(Records drawn from a dataset)
┌──

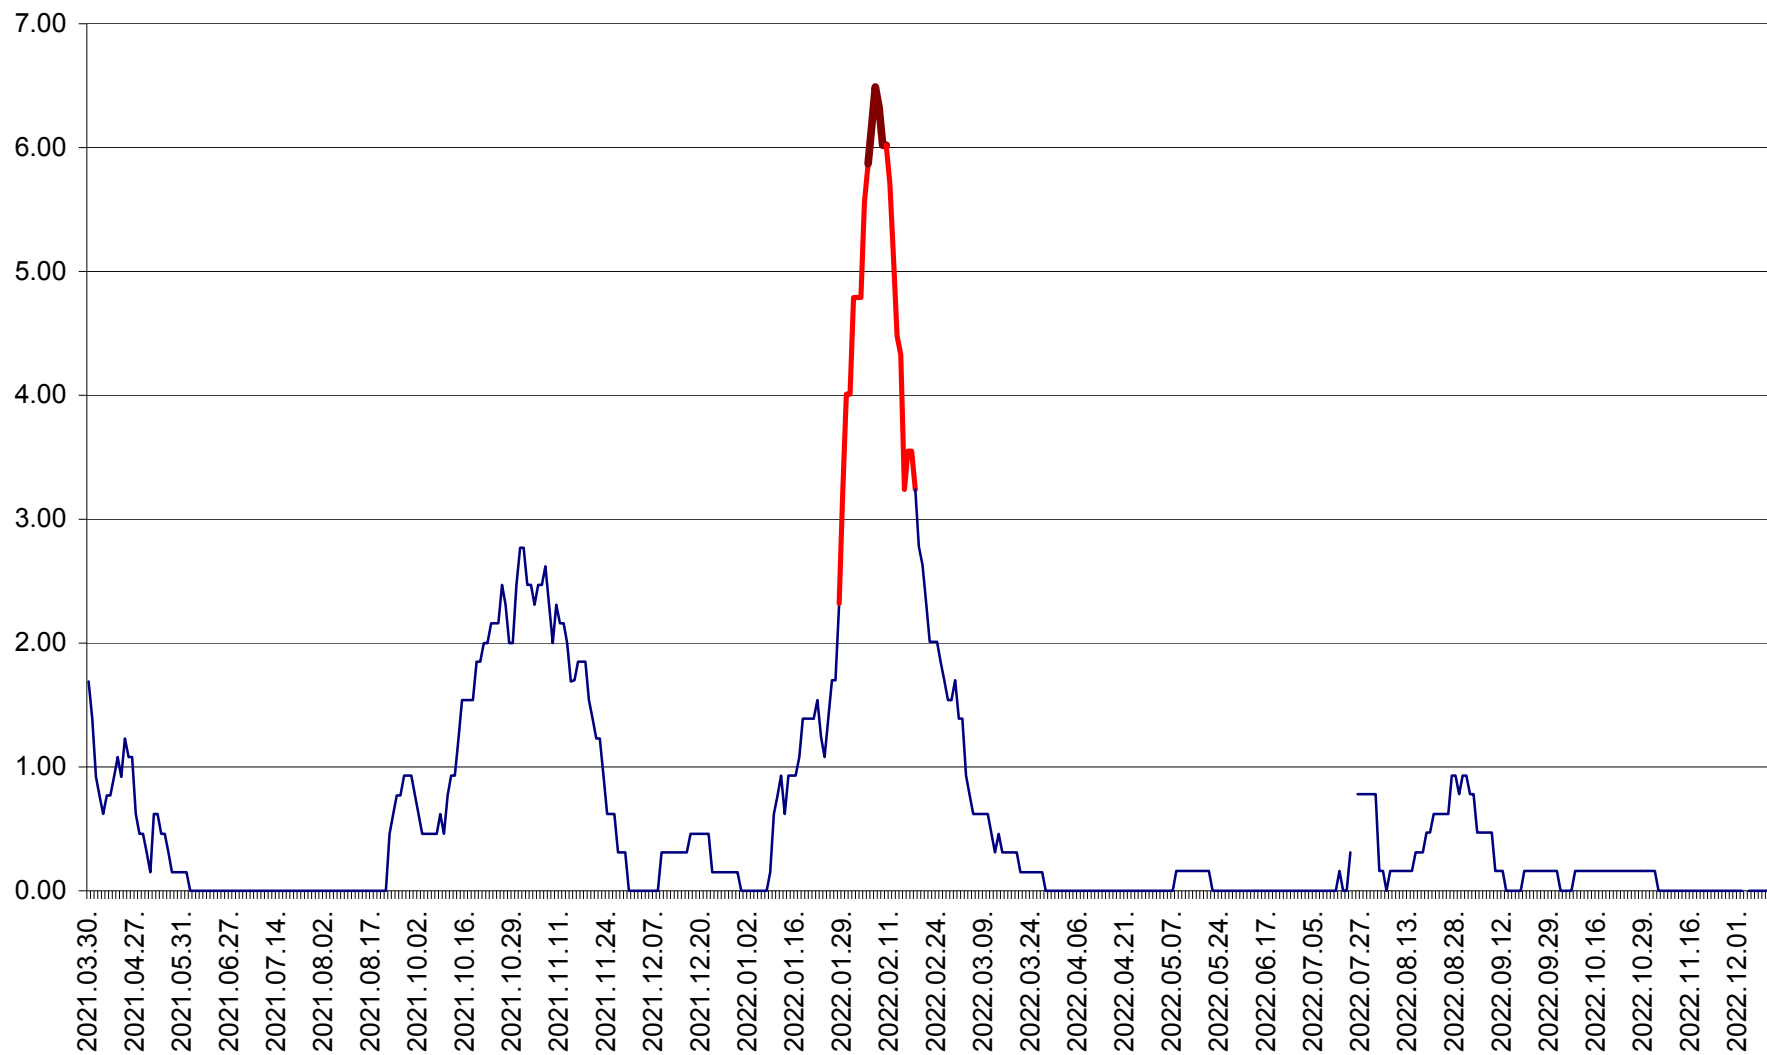

ORAȘ BĂLAN - Evoluția incidenței cumulate pe 14 zile la ‰ de locuitori
2021.04.01. - 2022.12.11.

BILBOR - Evolutia incidentei cumulate pe 14 zile la ‰ de locuitori
2021.04.01. - 2022.12.11.

ORAȘ BORSEC - Evolutia incidentei cumulate pe 14 zile la ‰ de locuitori
2021.04.01. - 2022.12.11.

BRĂDEȘTI - Evolutia incidentei cumulate pe 14 zile la ‰ de locuitori
2021.04.01. - 2022.12.11.

CĂPÂLNIȚA - Evolutia incidentei cumulate pe 14 zile la ‰ de locuitori
2021.04.01. - 2022.12.11.

CÂRȚA - Evolutia incidentei cumulate pe 14 zile la ‰ de locuitori
2021.04.01. - 2022.12.11.

CICEU - Evolutia incidentei cumulate pe 14 zile la ‰ de locuitori
2021.04.01. - 2022.12.11.

CIUCSÂNGEORGIU - Evolutia incidentei cumulate pe 14 zile la ‰ de locuitori
2021.04.01. - 2022.12.11.

CIUMANI - Evolutia incidentei cumulate pe 14 zile la ‰ de locuitori
2021.04.01. - 2022.12.11.

CORBU - Evolutia incidentei cumulate pe 14 zile la ‰ de locuitori
2021.04.01. - 2022.12.11.

CORUND - Evolutia incidentei cumulate pe 14 zile la ‰ de locuitori
2021.04.01. - 2022.12.11.

COZMENI - Evolutia incidentei cumulate pe 14 zile la ‰ de locuitori
2021.04.01. - 2022.12.11.
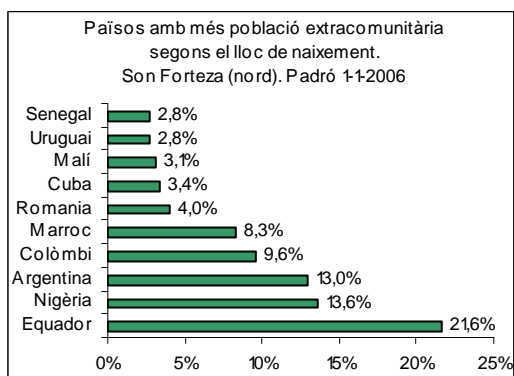

Sector: **Llevant Sud**
Zona estadística: **062 – Son Fortesa (nord)**

1. Mapa del barri

2. Gràfics de població estrangera

Població estrangera segons continent de naixement. Son Forteza (nord). Padró 1-1-2006

3. Taules de població estrangera

Lloc de naixement	Son Forteza (nord)	% sobre nascuts a l'estranger	% sobre total població
Total població	2.089	-	100
Total nascuts a l'estranger	354	100	16,9
Unió Europea 25	30	8,5	1,4
Resta d'Europa	22	6,2	1,1
Llatinoamèrica	178	50,3	8,5
Àfrica	115	32,5	5,5
Àsia	8	2,3	0,4
Altres	1	0,3	0,0
% població nascuda a l'estranger	16,9	-	-

└──

PROBLEM REQUIREMENTS — Scan the data, and report each line that uses the word "nord".

RESULT FOR THIS TASK —
Zona estadística: **062 – Son Fortesa (nord)**
Població estrangera segons continent de naixement. Son Forteza (nord). Padró 1-1-2006
Lloc de naixement	Son Forteza (nord)	% sobre nascuts a l'estranger	% sobre total població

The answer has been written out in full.